As the cracks begin to show in their lives, the institutions of church, school, and a comfortable nuclear family come under scrutiny. Gospel music, for example, is a big part of the family’s church-going experience and it is reflected back in the Tyler’s piano playing. As he finishes a piece, he lets the sustain pedal ring out. It’s as if something is missing. In fact, as we see him perform his daily routine, it’s as if he’s living someone else’s life.
But, countering the emotional rift between father and son, close-ups of Tyler and his girlfriend Alexis (Alexa Demie), combined with the score and dynamic camera, is nothing short of euphoric. The ambient sound and colour immerses everything in a solipsistic world. It expresses the intensity of the teenage experience where the lovers are idolised.
The rotating screen feels disorientating: too much sound and colour all at once overwhelms the senses. (This is consciously alluded to in Alabama Shakes’ “Sound and Color” playing over the end credits.) Yet for all this, I felt on edge throughout the entire first act. After all — they’re just children, barely 18, barely knowing who they might turn into.
I don’t exaggerate when I say that the music was used in a way I’ve never experienced so powerfully in a film before. Composed by Trent Reznor and Atticus Ross, a powerhouse duo who penned the Oscar-winning score for The Social Network, it showcased their finest efforts. Throughout much of the opening sequence and first act, thunder in the background underscores intense, dramatic moments.

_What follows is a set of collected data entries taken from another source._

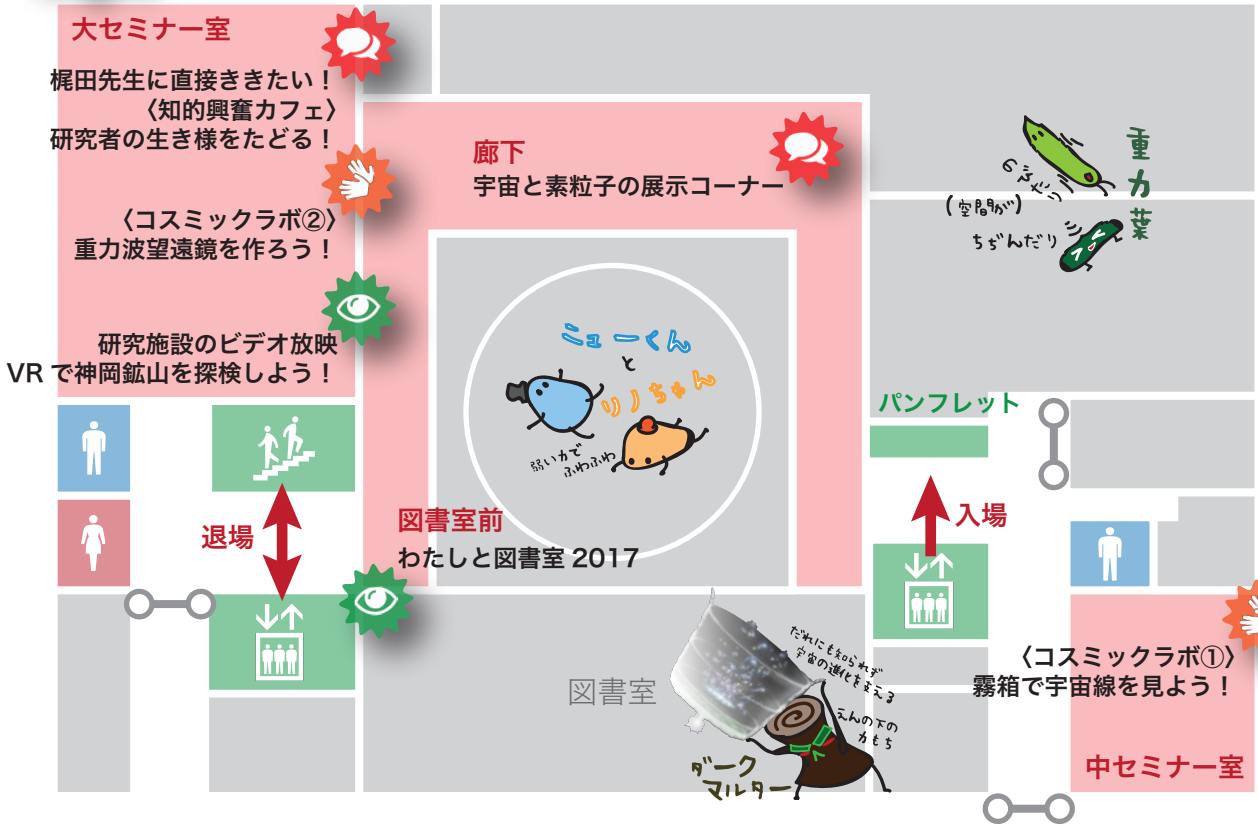

### わたしと図書室 2017~先輩リケジョからのメッセージ~

お薦め図書や研究生活を紹介するパネル展示。柏合同のスタンプラリーも!

🕒 両日 10:00~16:30 📍 6階 図書室前

### スーパーカミオカンデ大型写真パネル

横3m×縦2m。みんなでヘルメットをかぶってインスタ、Facebook、Twitterに!

🕒 両日 10:00~16:30 📍 屋外テント横

# MAP

**屋外 前の広場**

コスミッククイズ大会

× ○

# タイムスケジュール

27日 | 金 |

10 11 12 13 14 15 16 17

 宇宙と素粒子の展示コーナー	■	■	■	■	■	■	■	■
 <コスミックラボ①> 霧箱で宇宙線を見よう!		■		■	■	■		
 <コスミックラボ②> 重力波望遠鏡を作ろう!				■	■	■		
 ペーパークラフト	■	■	■	■	■	■	■	■
 VRで神岡鉱山を探検しよう!	■	■	■	■				
 研究施設のビデオ放映	■	■	■	■				
 わたしと図書館 2017	■	■	■	■	■	■	■	■
 宇宙線研究所オリジナルグッズ販売	■	■	■	■	■	■	■	■

It’s profoundly moody and engulfing, the waves of the Florida coast crashing around characters, echoing their sound through bedrooms at night. Combined with this sensory rush, the music is captivating: classical arpeggios fuse with hip hop, creating a unique blend of sound effects and melody. It stands in for the gaps when individuals can’t articulate or express themselves.
What struck me was the balance of the film’s two sections. After Tyler’s segment of the film draws to a close, Emily’s unexpectedly, but fluidly, takes on equal weight. I wondered if she might repeat the cycle learned from her family as she develops a relationship with Luke (Lucas Hedges), but she turns it into good; something the rest of her family were not able to do before her. Taylor Russell’s performance displays a grace and maturity beyond her years, and watching her character develop into a young woman with her own view of the world undergoing a seismic shift is heartbreaking, and at the same time, the natural way of life.
The true hero and the most loving of the characters, Emily brings to mind the saying: “hate begets hate, but love begets love.” You might go so far as to say that she is the pure and better embodiment of the famous 1 Corinthians scripture read out in church at the beginning ”Love is patient; love is kind.” She has to deal with strong emotions from everyone on every side, yet hers is a redemption story. Though not without its struggles, it’s the antidote needed after an unthinkable family journey.
Everything I’ve heard about Waves seems to be misleading. The fact is that it’s excellent, so much better than the marketing could try to convey. The sensory experience is second to none, and it’s no wonder — following its affecting run at TIFF — that it’s making its own significant impression in London. Waves must undoubtedly be seen on the big screen. The film, and the senses it evokes, are wild. It’s an entire spectrum of heat, colours, vision, emotions — grief, forgiveness, compassion. Nothing is off limits, the entire spectrum of humanity on display.